Open mkleinbort opened 12 months ago
hi @mkleinbort - could you show input with expected output please?
I definitely would not want this to be part of the shift
operator. Besides can't you just do this (assuming this is what you meant)?
pl.col('x').filter(pl.col('date') > pl.col('date').min() + pl.duration(days=7))
@MarcoGorelli - here is an example
from datetime import date
# The values are time-indexed, but the dates are not evenly spaced:
df = pl.DataFrame({
'date': [date(2020,1,1),date(2020,1,1),date(2020,1,2),date(2020,1,3),date(2020,1,4),date(2020,1,4)],
'entity':['A','B','A','B','A','B',],
'value':['A1', 'B1', 'A2', 'B2', 'A3','B3']
})
Then the ask is
df.with_columns(
value_one_row_before = pl.col('value').shift(1).over('entity'),
value_one_day_before = pl.col('value').shift('1d', by='date').over('entity'),
)
# shape: (6, 5)
# ┌────────────┬────────┬───────┬──────────────────────┬──────────────────────┐
# │ date ┆ entity ┆ value ┆ value_one_row_before ┆ value_one_day_before │
# │ --- ┆ --- ┆ --- ┆ --- ┆ --- │
# │ date ┆ str ┆ str ┆ str ┆ str │
# ╞════════════╪════════╪═══════╪══════════════════════╪══════════════════════╡
# │ 2020-01-01 ┆ A ┆ A1 ┆ null ┆ null │
# │ 2020-01-01 ┆ B ┆ B1 ┆ null ┆ null │
# │ 2020-01-02 ┆ A ┆ A2 ┆ A1 ┆ A1 │
# │ 2020-01-03 ┆ B ┆ B2 ┆ B1 ┆ null │
# │ 2020-01-04 ┆ A ┆ A3 ┆ A2 ┆ null │
# │ 2020-01-04 ┆ B ┆ B3 ┆ B2 ┆ B2 │
# └────────────┴────────┴───────┴──────────────────────┴──────────────────────┘
Note this could be done in other ways in the current API (either re-sampling the dataframe to daily data before using shift, or using a self-join, I just think this API would be pretty clean to work with time-indexed data.

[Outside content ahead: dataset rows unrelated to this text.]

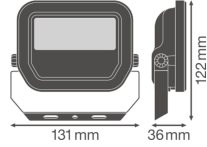

Caractéristiques Ledvance Projecteur LED GEN 3 Blanc 10W 1200lm 100D - 865 | IP65 - Symétrique

[Voir le produit](#)

Informations Générales

Réf.	239590
EAN	4058075420946
Marque	Ledvance
Nom du fabricant	FL PFM 10W/6500K SYM 100 WT
Budgetlight Garantie Totale	5 ans
Durée de Vie Moyenne (heure)	70000

Informations de l'appareil

Montage	Surface
Connexion du Luminaire	Cable, 3-pole
Couverture Optique	Verre
Distribution Lumineuse	Symétrique
Indice de Protection	IP65
Protection Impacts	IK07
Température de Fonctionnement	-30 to +50
Couleur du Luminaire	Blanc
Logement	Aluminium
Couleur du boitier	Blanc
Product Serie	Performance

Dimensions

Longueur (mm)	122
Largeur (mm)	131
Hauteur (mm)	36

Informations du capteur

Type de capteur	Pas de détecteur
-----------------	------------------

Pourquoi choisir Budgetlight?

 **Prix** bas garantis  Jusqu'à **7 ans de garantie**
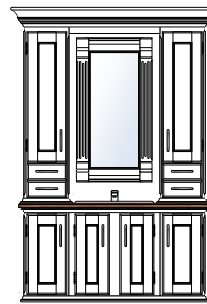

Bad Herregård 120

Produktnr 76122
Brutto HBD 210 x 138 x 53
Prisgruppe 1 **kr 53 675,-**
Prisgruppe 2 **kr 59 043,-**
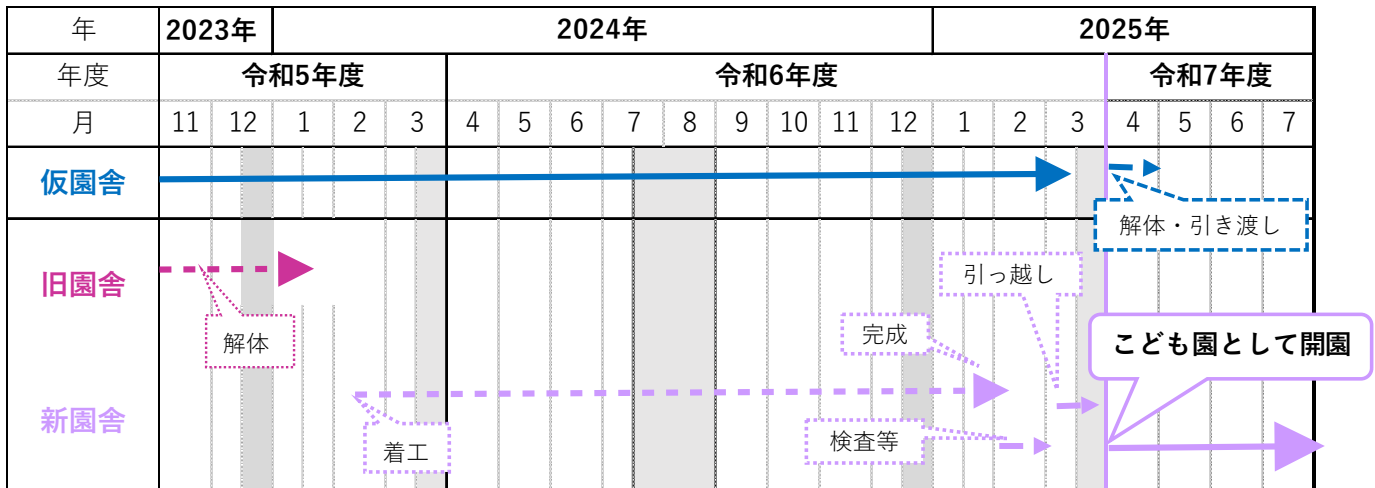

成増すみれ幼稚園 建替えについて

この度、園舎の老朽化に伴い園舎を建て替えることとなりました。新園舎完成までの間、和光市白子1丁目の仮園舎で運営しており、2025年4月から幼保連携型認定こども園として開園いたします。

① 経緯

旧園舎は築53年になりますが、2004年に耐震工事として大規模修繕工事を行い、それ以降も様々な改善工事をして園舎を維持してきました。2021年4月末のシロアリ被害をきっかけに、調査の結果外壁を含め老朽化が思いの外進んでいることが判明しました。一方、少子化に加え、保護者の就労状況の変化に伴い、現在は幼稚園児よりも保育園児の人数が多く、将来的には幼稚園だけでは、立ち行かなくなってゆくだろうと、こども園への移行を考えておりました。

幼稚園のままの建て替えよりもこども園への移行に伴う建て替えの方が、補助金支給額が多いということもあり、建て替えのタイミングでこども園に移行することにいたしました。

② スケジュール

設計管理：株式会社 SOU 建築設計室

施工：五十鈴建設株式会社

③ 2025年度以降の定員

定員	1号認定	2号認定	3号認定	計
1歳			10名	10名
2歳			10名	10名
3歳	20名	10名		30名
4歳	20名	10名		30名
5歳	20名	10名		30名

I'm unsure whether this should implement some form of "nearest/earliest/latest" logic when there is no value at the exact date expected.
One way to do it via a join would be:
df.pipe(
lambda x: x.join(
x.select(
'entity',
pl.col('date').dt.offset_by('1d'),
pl.col('value').alias('value_one_day_before')
),
how='left', on=('date','entity')
)
)
@mkleinbort-ic
I'm unsure whether this should implement some form of "nearest/earliest/latest" logic
That would be an asof join. https://pola-rs.github.io/polars/py-polars/html/reference/lazyframe/api/polars.LazyFrame.join_asof.html#polars.LazyFrame.join_asof
To me this just feels like it is a special case of a join and not something particularly fundamental.
Yes, it's the same logic.
Maybe I should broaden the ask to introducing a pl.Expr.shift_by
method, similar to a pl.Expr.sort_by
, not to over-complicated the very fundamental .shift()
method.
To me this just feels like it is a special case of a join and not something particularly fundamental.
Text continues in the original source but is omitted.